> Task directions:
Each line from the one containing "A. Holjes (RLA)" to the end of the entries below must be restated exactly, and no other line should appear.

> Data to process:
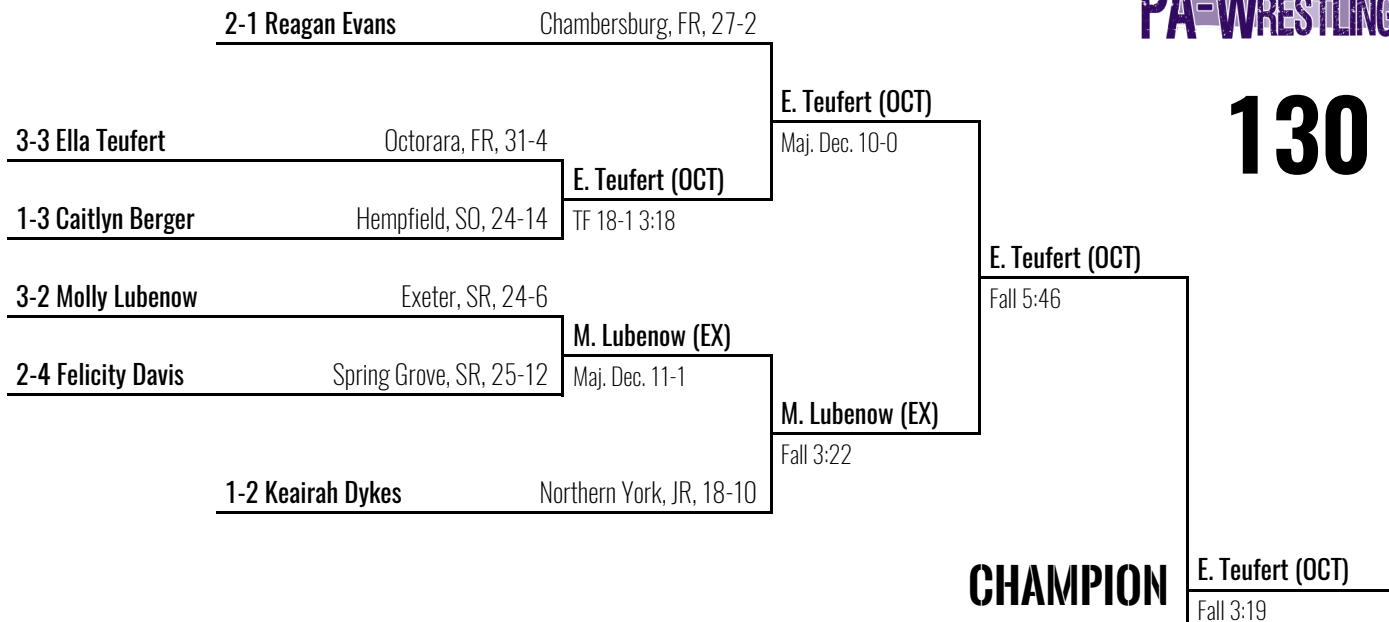

3rd Place
A. Holjes (RLA)
Dec. 12-6

2025 South Central Girls Regional

Penn Manor HS March 1, 2025

124

2025 South Central Girls Regional

Penn Manor HS March 1, 2025

130

Place Winners

> Written reply:
A. Holjes (RLA)
Dec. 12-6

2025 South Central Girls Regional

Penn Manor HS March 1, 2025

124

2025 South Central Girls Regional

Penn Manor HS March 1, 2025

130

Place Winners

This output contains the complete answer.